[Available data — start]

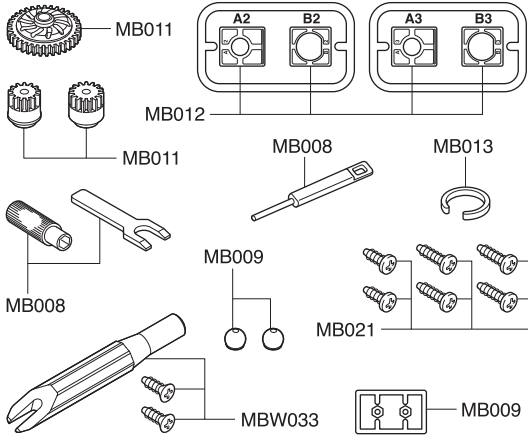

Exploded View / Explosionszeichnung Eclaté / Despiece / 分解図

Spare Parts / Ersatzteile / Pieces detachees. / Repuestos / スペアパーツ

No. 品番	Description パーツ名	★定価 (税抜)
MB001-1	メインシャシー Main Chassis	1000
MB003	バッテリーホルダーセット Battery Holder Set	500
MB004	バルクヘッドセット Bulkhead Set	400
MB005	サスペンションロッドセット Suspension Rod Set	400
MB006	サスアームセット Suspension Arm Set	500
MB007	フロントハブキャリアセット Front Hub Carrier Set	400
MB008	サーボプレートセット Servo Plate Set	500
MB009	サーボセイバーセット Servo Saver Set	500
MB010	サーボギヤセット Servo Gear Set	400
MB011	ピニオン&スパーギヤセット Pinion & Spur Gear Set	500
MB012	モーターマウントセット Motor Mount Set	350
MB013	オイルダンパーセット Oil Shock Set	2000
MB014	ホイールアクスル Wheel Axle	400
MB015	サスピンセット Suspension Pin Set	500
MB016	センターシャフトセット Center Shaft Set	700
MB017	ロアサスシャフトセット Lower Suspension Shaft Set	300
MB018	ピロボールセット Pillow Ball Set	400
MB019	サーボシャフトセット Servo Shaft Set	500
MB020	デフギヤアッセンブリー Differential Gear Assy	850
MB021	ビスセット Screw Set	650
MB023B	ブラシレス用ESCユニット (ミニッツバギー) Brushless for ESC unit (Mini-Z Buggy)	7800
MB025	R/Cユニットセット (RA-44) R/C Unit Set (RA-44)	7000
MBW033	アンダーガード&ボールスタッドレンチ (ミニッツバギー) Under Guard & Ball Stud Wrench (Mini-Z Buggy)	700
MV14	ピロボールセット Pillow Ball Set	500
MZ604	ブラシレスモーター (XSPEED 85) Brushless Motor (XSPEED 85)	5000
BRG007	シールドベアリング (3x6x2.5) 2入 Shield Bearing (3x6x2.5) 2Pcs	700
BRG022	シールドベアリング (6x10x3) 2入 Shield Bearing (6x10x3) 2Pcs	1000

▶ The optional parts should be used for the parts marked with **OP**.

▶ Die Tuningteile sollen die mit **OP** markierten Teile ersetzen.

▶ Vous pouvez remplacer les pièces **OP** par des pièces options

▶ Las piezas opcionales deben ser utilizadas en las piezas marcadas con **OP**

▶ **OP** の印が付いたパーツはオプションパーツをご利用ください。
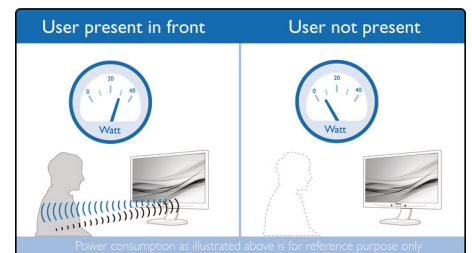

HDMI ready

HDMI-ready

Ein HDMI ready-Gerät verfügt über sämtliche Hardware für den Empfang von HDMI-Signalen

(High-Definition Multimedia Interface). Ein HDMI-Kabel ermöglicht hochwertige Audio- und Videosignale, die über ein einziges Kabel von einem PC oder anderen AV-Quellen (z. B. von Set-Top-Boxen, DVD-Playern, A/V-Receiver und Videokameras) übertragen werden.

EasyRead Modus

Dank des EasyRead Modus können Sie wie auf Papier lesen

PowerSensor

PowerSensor ist ein integrierter Sensor, der durch das Aussenden und Empfangen unbedenklicher Infrarotsignale erkennt, ob sich der Benutzer in der Nähe des Geräts aufhält, und automatisch die Bildschirmhelligkeit reduziert, wenn der Benutzer sich vom Schreibtisch entfernt. So wird der Energieverbrauch um bis zu 80 % gesenkt und die Monitorlebensdauer verlängert.
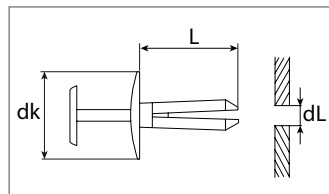

Spreizniet

Kunststoff

Entspricht OE-Nummer:
Mercedes-Benz A0019901692
Opel 1104882, 90450482

Art.-Nr.	dL mm	L mm	dk mm	Verpackungsart	Inhalt
500 200 16	8,0	15,0	19,0	Polybeutel	10 Stück
500 200 80	8,0	15,0	19,0	Blister	5 Stück
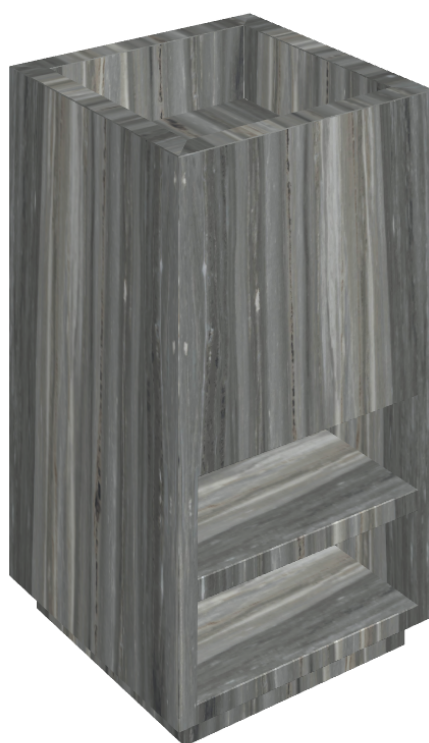

SCHEDA DI CONFIGURAZIONE

Cod. art.: 620810000007

Cube

Washbasin Shelf 50

Rivestimento del prodotto

Charme Advance
Palissandro Dark Lux

I colori e le altre caratteristiche estetiche delle piastrelle presenti nelle illustrazioni presenti sul sito sono puramente indicativi. Guarda sempre i campioni di persona prima dell'acquisto.

[Available data — finish]

◆ Problem to work on ◆
Your task is to print exactly the lines from the one containing "des pièces options" through the final line of the records above, with no pictures and nothing more.

◆ Expected output ◆
▶ Vous pouvez remplacer les pièces **OP** par des pièces options

▶ Las piezas opcionales deben ser utilizadas en las piezas marcadas con **OP**

▶ **OP** の印が付いたパーツはオプションパーツをご利用ください。

HDMI ready

HDMI-ready

Ein HDMI ready-Gerät verfügt über sämtliche Hardware für den Empfang von HDMI-Signalen

(High-Definition Multimedia Interface). Ein HDMI-Kabel ermöglicht hochwertige Audio- und Videosignale, die über ein einziges Kabel von einem PC oder anderen AV-Quellen (z. B. von Set-Top-Boxen, DVD-Playern, A/V-Receiver und Videokameras) übertragen werden.

EasyRead Modus

Dank des EasyRead Modus können Sie wie auf Papier lesen

PowerSensor

PowerSensor ist ein integrierter Sensor, der durch das Aussenden und Empfangen unbedenklicher Infrarotsignale erkennt, ob sich der Benutzer in der Nähe des Geräts aufhält, und automatisch die Bildschirmhelligkeit reduziert, wenn der Benutzer sich vom Schreibtisch entfernt. So wird der Energieverbrauch um bis zu 80 % gesenkt und die Monitorlebensdauer verlängert.

Spreizniet

Kunststoff

Entspricht OE-Nummer:
Mercedes-Benz A0019901692
Opel 1104882, 90450482

Art.-Nr.	dL mm	L mm	dk mm	Verpackungsart	Inhalt
500 200 16	8,0	15,0	19,0	Polybeutel	10 Stück
500 200 80	8,0	15,0	19,0	Blister	5 Stück

SCHEDA DI CONFIGURAZIONE

Cod. art.: 620810000007

Cube

Washbasin Shelf 50

Rivestimento del prodotto

Charme Advance
Palissandro Dark Lux

I colori e le altre caratteristiche estetiche delle piastrelle presenti nelle illustrazioni presenti sul sito sono puramente indicativi. Guarda sempre i campioni di persona prima dell'acquisto.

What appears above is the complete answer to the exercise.